Work item: Where the data below begins, start retyping exactly, and end on the line with "- Câblage transversant", which is included; no picture goes in.

(Records contained in a dataset)
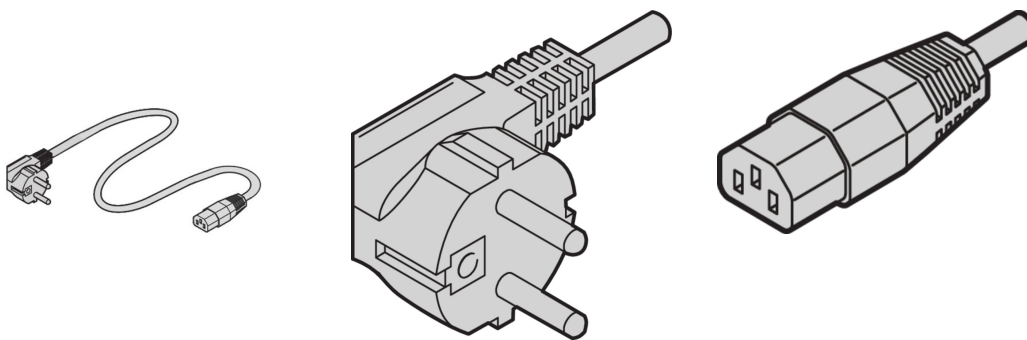

Cavo di rete, SCHUKO/UTE a IEC C13, 2,5 m, grigio

CODICE A CATALOGO

60103-131

Il cavo di rete SCHROFF nVent fornisce un fissaggio pratico e universale con funzioni di fissaggio variabili. Sono di natura generale e si adattano a diverse applicazioni come ventole, lampade per armadi, ecc., collegamenti PC industriali, gruppi di continuità, sistemi.

CERTIFICAZIONI

CARATTERISTICHE

Applicazioni: Ventole, luci per armadi, collegamenti PC industriali, gruppi di continuità e sistemi

ATTRIBUTI DEL PRODOTTO

Connettore di ingresso: SCHUKO / UTE

Connettore di uscita: IEC C13

Lunghezza: 2500mm

Quantità nella confezione: 1

Colore: Grigio

Tipo di connettore: Dritto

Materiale: PVC

Tipo di prodotto: Cavo

Net Weight: 0.27kg

AVVERTIMENTO
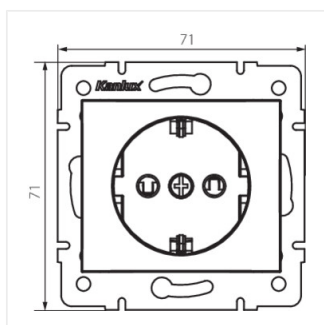

DOMO 01-1240-103 kr
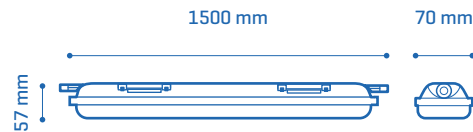

HYDRA ECO DATASHEET

LINKABLE

HYDRA ECO Linkable 30W

	W	K	Lm	L	
30871304LK	30W	4000K	3000	1500 mm	1/12

2 YEARS GUARANTEE

Emergency Kit (Please consult)

- Conexión lineal
- Linkable
- Câblage transversant
- Collegabile
- Verknüpfbar
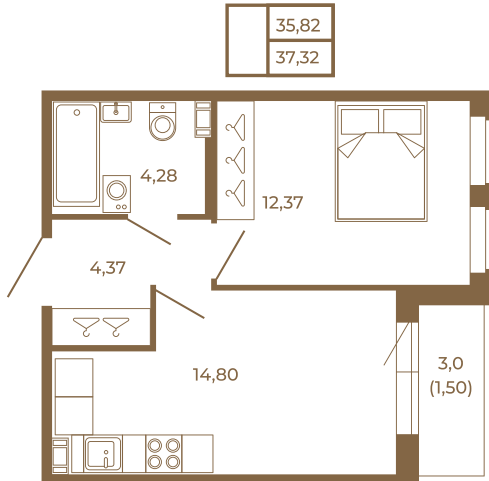

Таймс

Удобная однокомнатная квартира 37 кв. м.

План квартиры с мебелью

План квартиры без мебели

Расположение квартиры на этаже

Адрес дома:

Россия, Ленинградская область, Всеволожский район, Сертолово, микрорайон Чёрная Речка

Площадь, кв.м. **37.32**

Жилая, кв.м. **12.1**

Корпус **11**

Этаж **4**

Стоимость:

6 531 000 руб.

(812) 335-0-214
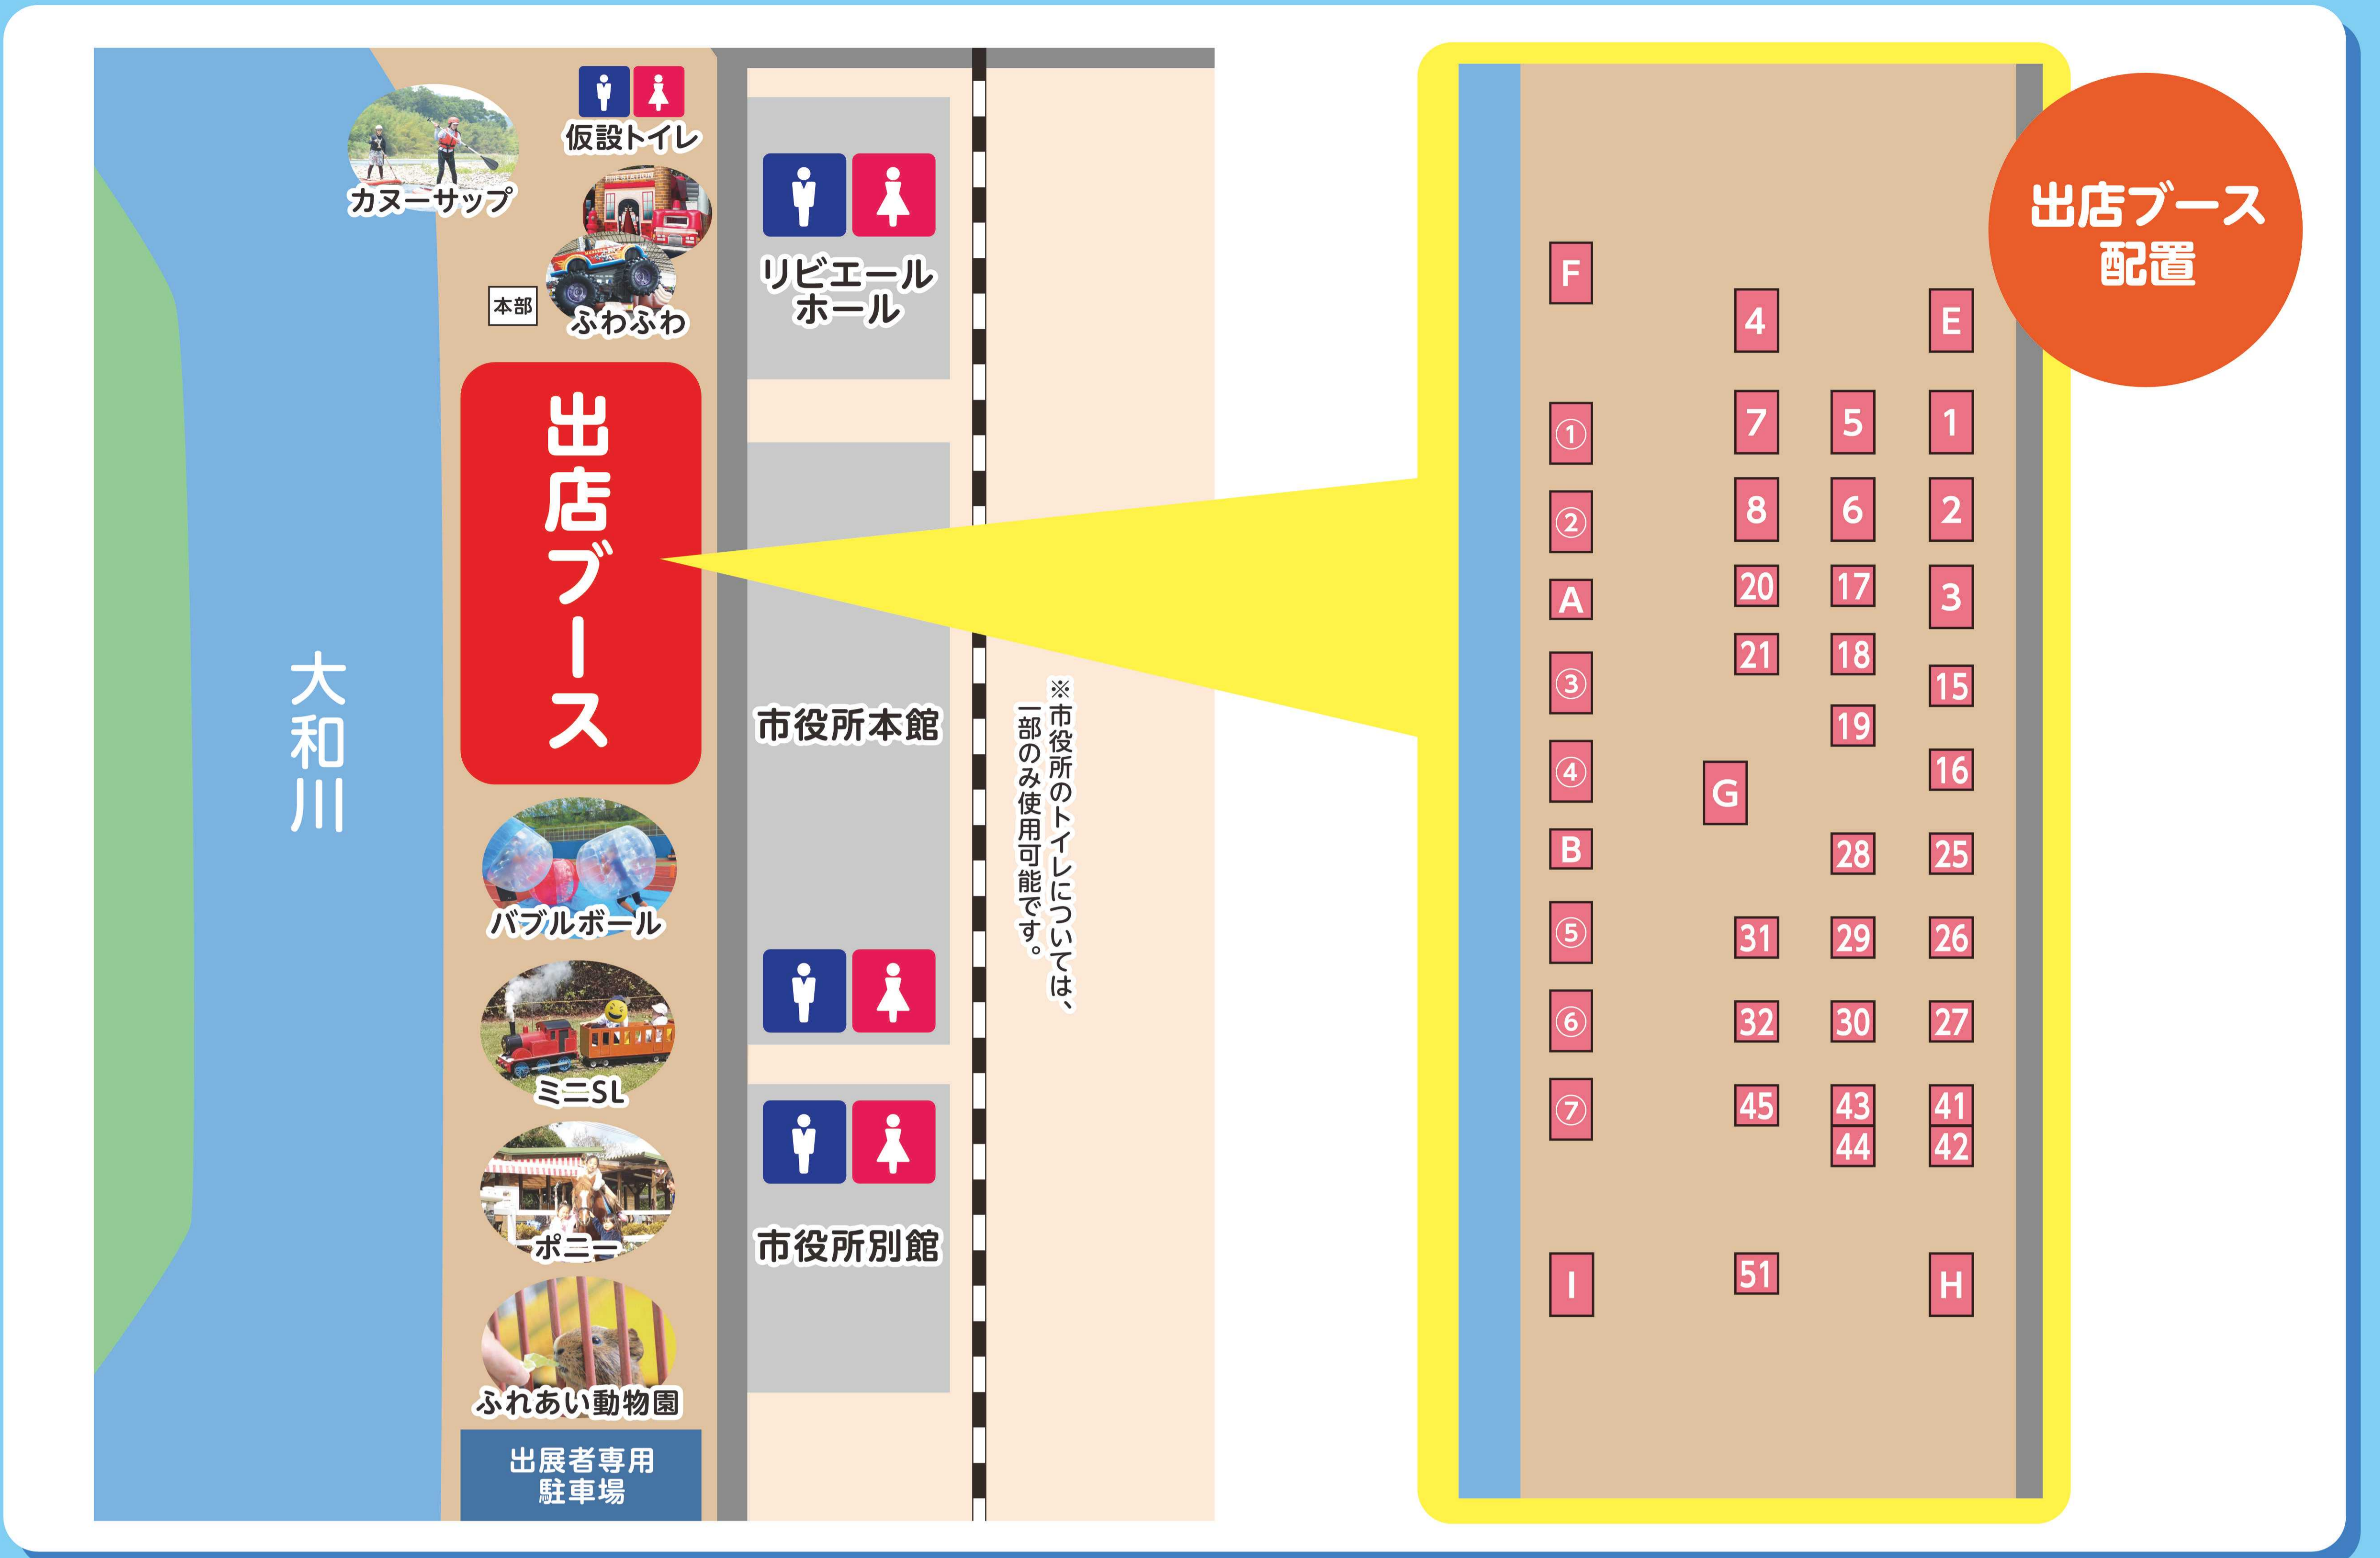

★お手洗いは「リビエールホール」「市役所別館・本館」もご利用下さい
 ★ゴミ箱は各「飲食・ドリンク・車両ブース」に設置しています

会場MAP

① 大阪いずみ市民生活協同組合 ガラガラ抽選会によるコープ商品無料配布 両日	② Kids+Work キーホルダー等のワークショップ 両日	③ tetote.AiCo.Ryu 本物のお花、食べ物アクセサリ。レディちゃん。 ポロガラスアクセサリ。ワークショップ9種。 両日	④ しあわせいんこ コンゴウインコとのふれあい体験します。 26日
⑤ sui-n* 陶器と雑貨 両日	⑥ checker stairs 大人気ハロウィン&クリスマスワークショップ 両日	⑦ 生協 生活クラブ エスコープ大阪 即売と試飲試食やご利用案内です。 26日	⑧ DREAMBEER ビールサーバーのPRとクラフトビールの試飲 両日
⑮ ちっち スタンドグラス風アート販売とワークショップ 両日	⑯ フルーツアラカルト ドライフルーツ販売 両日	⑰ 行政ブース 26日	⑱ 徳島スモーク 魚介やチーズ、地鶏や半熟卵のスモーク 両日
⑲ スイーツデコfeel good スイーツデコワークショップ、手作り雑貨 両日	⑳ 天月堂 キッズメインのハンドメイドアクセサリ 26日	⑳ Liane(リアン) 27日	㉑ 暖家 どんぐり細工、恐竜ペイント、スイーツデコランブ 両日
㉒ AppleMint 手作り雑貨(パッチワーク、竹細工、 ビーズアクセサリ等) 両日	㉓ ウタマスライス バリ島のアロマとスキンケアの物販 26日	㉔ Amu.amu 手づくり木工(木製プランター、 木工飾り、布小物など) 両日	㉕ Moon ドライフラワーアレンジメント 両日
㉖ 川原 良友 アクセサリ・革雑貨 26日	㉗ PASSKEY PLANTS ガーデナーとインドアグリーンデザイナー が織りなすGreen shopです。お庭やインテ リアグリーンの提案もさせていただきます。 27日	㉘ hatonoko 籐編み(籠、雑貨、アクセサリ) 26日	㉙ Splash bear osaka 大人気!! ペアアートキーホルダーの 作成ができます 27日
㉚ mokumoku stove 朋友金属株式会社 ちいさなまきストーブ ランプとコンロ 26日	㉛ miz a sobi ベビーグッズ販売と子供向けワークショップ 27日	㉜ ドライフルーツ「なんごく堂」 ドライフルーツの個包装 両日	㉝ mil.handmade 子どもから大人まで楽しめるワークショップ 両日
㉞ Miwa_garden 多肉植物販売 27日	㉟ せがわ 着物地の網代編みバッグと小物類 両日	㉟ handmade shop Naoko ピアス・犬の服・帽子などの販売 27日	㊱ うちのかだん ルームライト作り体験、雑貨販売 両日
㊱ きまぐれや 雑貨、玩具、バルーンが当たるくじ引き 26日	㊱ DECO shop RMJ ボールすくい、キャラクターすくい、 ヨーヨーすくい、くじ引き 27日	① (株)円生 すだち唐揚げ、ロングポテト、ロングチュロス 両日	② 4rest ホットドッグ、クレープ、フォーヌードル、ドリンク 両日
③ mouXmouミルクィーパラダイス ASOMILKプレミアムソフトクリーム 両日	④ なんとキッチン 若鶏半身揚げ、ももザンギ、特上そぼろ丼、 小樽ビール、網走ビール 両日	⑤ AMMY 各種インドカレーと各種ナン、タンドリーチキン 両日	⑥ イルレラツア 黒毛和牛ミンチスティック(プレーン、 チーズ)、鳥の唐揚げ+黒豚ウインナー、 鳥の唐揚げ4種味 両日
⑦ Nicogree941 塩タン串、ハラミ串、フライドポテト 26日	A 池カラ チキンラーメンを衣にしたサクサク新食感の唐揚げ 両日	B パシャケバブ ケバブ、ロングポテト、チーズハットク 両日	E uTa珈琲焙煎所 焙煎仕立てのふかふか珈琲をご提供致します 両日
F 柏原焙煎所 珈琲テイクアウト、焙煎豆、ドリップバッグ販売 両日	G プリンズバナナ 極上のバナナジュース 両日	H two coffee スペシャルティコーヒーと焼き菓子のお店 両日	I COTO ドリンク、チュロス 両日
一般財団法人明石乗馬協会 ポニー乗馬と餌やり体験です。 両日	ミニSL 両日	ふれあい動物園 両日	
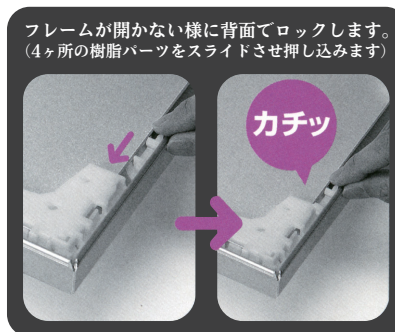

# 使用方法

フレームを開きます

掲示物をセットします

フレームを閉じます

開閉の注意

大きいサイズの場合は1辺ずつ両手で開閉してください。破損の原因になります。

【同梱物】 ・標示板×1枚 ・マグネットシート×9枚 ・段ボール×1枚 ・額×1枚 ・ホワイトボード用マーカー×1本 ・ひも×1本
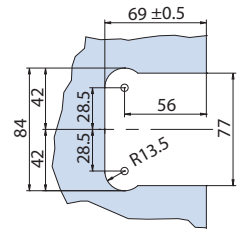

V-100 ONE

NS - CS - CR - OL

€▶ E.96 → €▶ E.99

MV-400

- Versione magnetica
- Magnetic version
- Mit magnetischem Schließvorgang

8-10-12

xla183

V-604 MINIMA

- Serratura per scorrevoli con tirante.
- Locks with flush pull for sliding doors.
- Schlösser für Schiebetüren mit Stirnseitigem Griff.

NS - CP

€▶ E.266 → €▶ E.276

8-10-12

xme151 GER

V-407 MINIMA

- Serratura per scorrevoli con tirante.
- Locks with flush pull for sliding doors.
- Schlösser für Schiebetüren mit Stirnseitigem Griff.

NS - CP

€▶ E.277 → €▶ E.287

8-10-12

xme152

SERRATURE
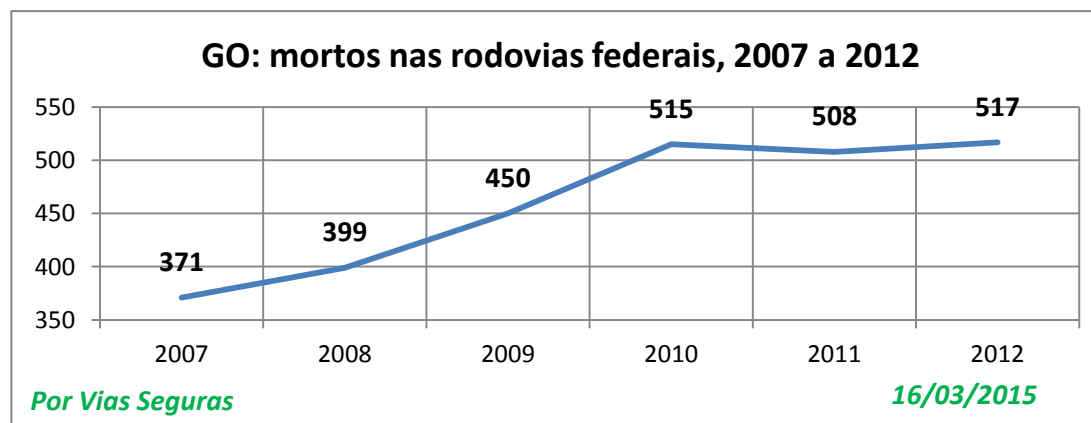

Acidentes de trânsito nas rodovias federais

Goiás

Mortos por rodovia e por ano

(Fonte: DPRF, dados abertos 15/02/2015)

Rodovia	Extensão	GO: mortos nas rodovias federais, 2007 a 2012							2013 (1/2)	Total geral	Id/km	id/km/ano
		2007	2008	2009	2010	2011	2012					
020-GO	252,5	14	32	43	54	73	44	16	276	1,09	0,17	
040-GO	157,3	39	31	57	55	47	51	17	297	1,89	0,29	
050-GO	314,2	14	19	32	19	34	30	5	153	0,49	0,07	
060-GO	614	89	72	70	117	65	90	27	530	0,86	0,13	
070-GO	475,6	18	21	16	28	39	58	22	202	0,42	0,07	
080-GO	411,4	13	3	11	23	16	15	12	93	0,23	0,03	
153-GO	703,6	110	139	158	160	154	146	72	939	1,33	0,21	
158-GO	441,3	16	19	20	10	14	12	5	96	0,22	0,03	
251-GO	455,9	8	1	2	0	0	5	2	18	0,04	0,01	
364-GO	387,5	24	36	26	18	26	19	17	166	0,43	0,07	
414-GO	438,8	22	19	4	22	27	24	16	134	0,31	0,05	
452-GO	203,8	4	7	11	9	13	23	17	84	0,41	0,06	
Total	4855,9	371	399	450	515	508	517	228	2988	0,62	0,09	

(Extensão das rodovias: dados do SNV 2013 publicado pelo DNIT, página 280)

**POR VIAS SEGURAS****16/03/2015**

Answer to this exercise:
Cavo di rete, SCHUKO/UTE a IEC C13, 2,5 m, grigio

CODICE A CATALOGO

60103-131

Il cavo di rete SCHROFF nVent fornisce un fissaggio pratico e universale con funzioni di fissaggio variabili. Sono di natura generale e si adattano a diverse applicazioni come ventole, lampade per armadi, ecc., collegamenti PC industriali, gruppi di continuità, sistemi.

CERTIFICAZIONI

CARATTERISTICHE

Applicazioni: Ventole, luci per armadi, collegamenti PC industriali, gruppi di continuità e sistemi

ATTRIBUTI DEL PRODOTTO

Connettore di ingresso: SCHUKO / UTE

Connettore di uscita: IEC C13

Lunghezza: 2500mm

Quantità nella confezione: 1

Colore: Grigio

Tipo di connettore: Dritto

Materiale: PVC

Tipo di prodotto: Cavo

Net Weight: 0.27kg

AVVERTIMENTO

DOMO 01-1240-103 kr

HYDRA ECO DATASHEET

LINKABLE

HYDRA ECO Linkable 30W

	W	K	Lm	L	
30871304LK	30W	4000K	3000	1500 mm	1/12

2 YEARS GUARANTEE

Emergency Kit (Please consult)

- Conexión lineal
- Linkable
- Câblage transversant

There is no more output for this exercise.